Source: Early settlers of Hudson County and The Massacre of Pavonia
Genealogical History Of Hudson And Bergen Counties New Jersey,
EARLY SETTLERS OF HUDSON COUNTY – Part A
Originally published in 1900
Cornelius Burnham Harvey, Editor
Year 1643: “We do not know when Dirck Stratenmaker and his wife came to this country, but we do know that they had land at Communipaw and lived there. The morning after the “Communipaw Massacre” of Feb. 25, 1643, Dirck and his wife went to the scene to plunder. She was carrying her son Jan, less than a year old, and the fact that there is no record of his baptism at New Amsterdam suggests that they might have been recent arrivals. They were accompanied by some Englishman and soldiers. The soldiers had to leave, and warned Dirck of the Indians, but he replied: “There is no danger. If there were a hundred savages, none would hurt us. Shortly after, the soldiers heard a shriek, and returning found Dirk mortally wounded, and his wife dead. Dirck said: “I might have well escaped by running, but I did not wish to leave my poor wife.” “The child was saved, and was raised in New Amsterdam by Classie Teunis.”
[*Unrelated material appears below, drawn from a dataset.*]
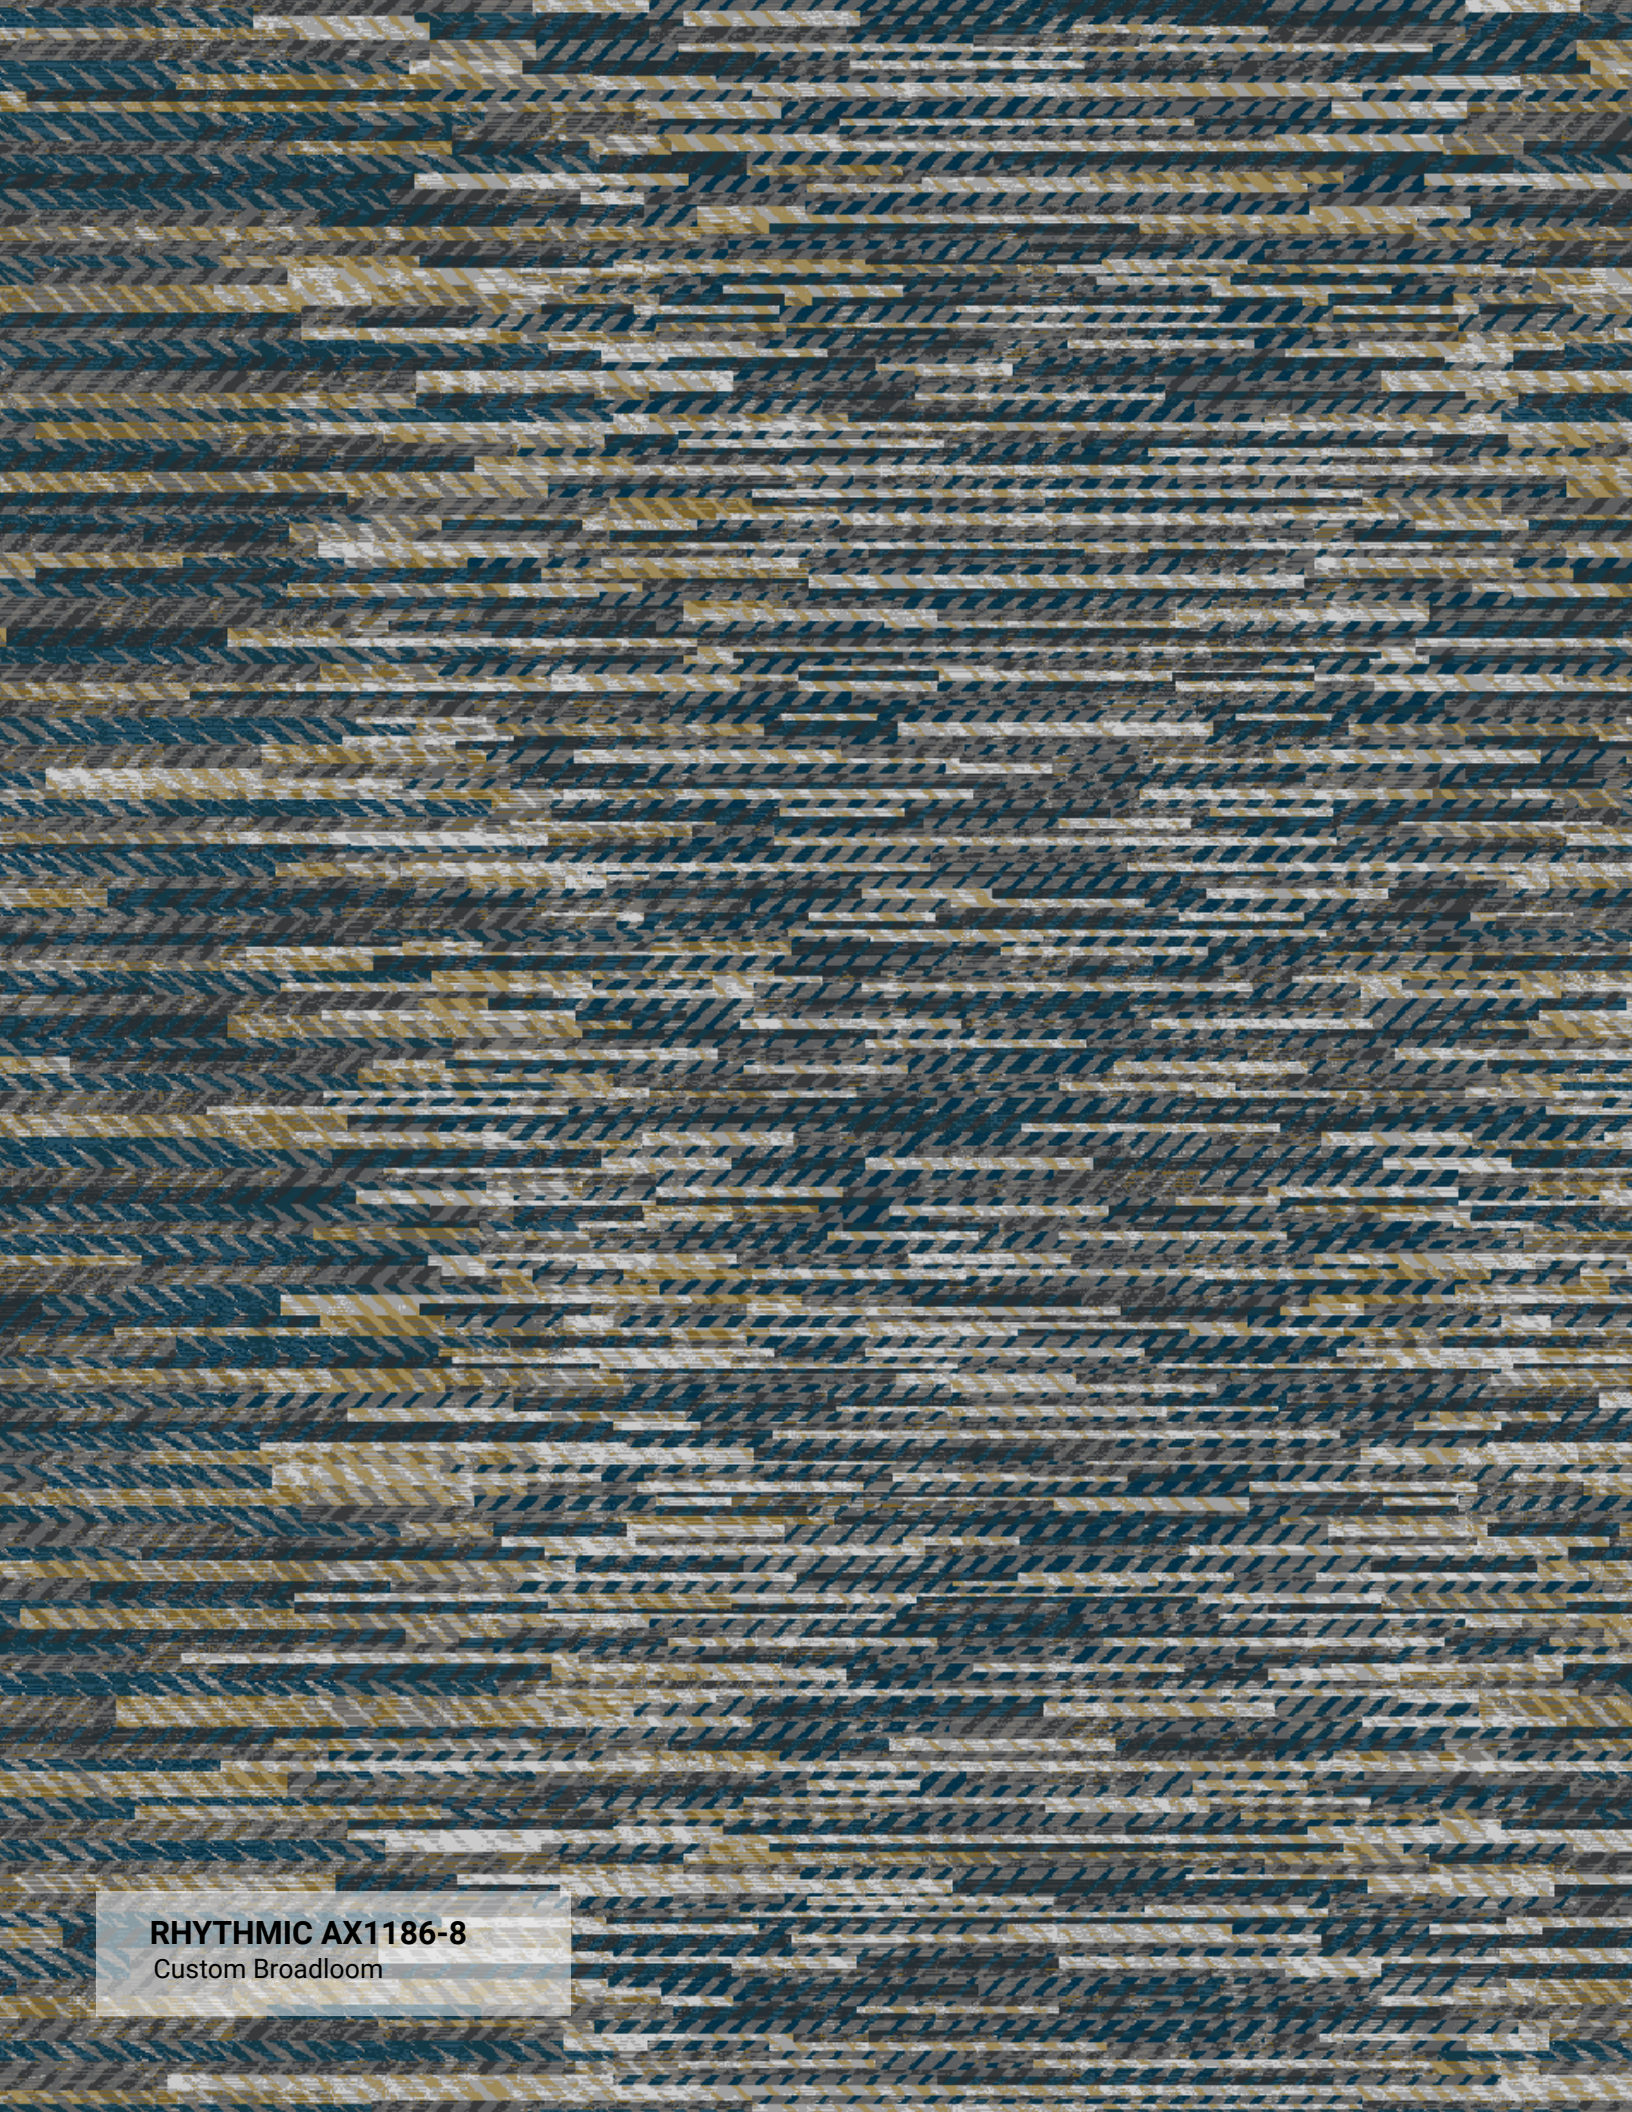

RHYTHMIC AX1186-8
Custom Broadloom

And this commentary about the massacre from
Description (1643) of Nieuw Netherlands (New York and Albany) from a narrative of Father Isaac Jogues. “From Trois Rivières in Nouvelle France, 3 August 1646″:
“On the island of Manhattes, and its environs, there may well be four or five hundred men of different sects and nations: the Director General told me that there were men of eighteen different languages; they are scattered here and there on the river, above and below, as the beauty and convenience of the spot has invited each to settle: some mechanics however, who ply their trade, are ranged under the fort; all the others are exposed to the incursions of the natives, who in the year 1643, while I was there, actually killed some two score Hollanders, and burnt many houses and barns full of wheat.”
And from the same narrative:
“They found some pieces of ground all ready, which the savages had formerly cleared, and in which they sow wheat and oats for beer, and for their horses, of which they have great numbers. There is little land fit for tillage, being hemmed in by hills, which are poor soil. This obliges them to separate, and they already occupy two or three leagues of country.”
Source: The New Jersey Archives, Vol. 21: “March 26, 1667 — Confirmatory Patent — to Lawrence Andriessen for land in the tract called Minkacque, under the jurisdiction of Bergen, N.E. of Lubert Gilbertsen, S. W. of Dirck Straetmaker, along the Hudson River –” Page 2.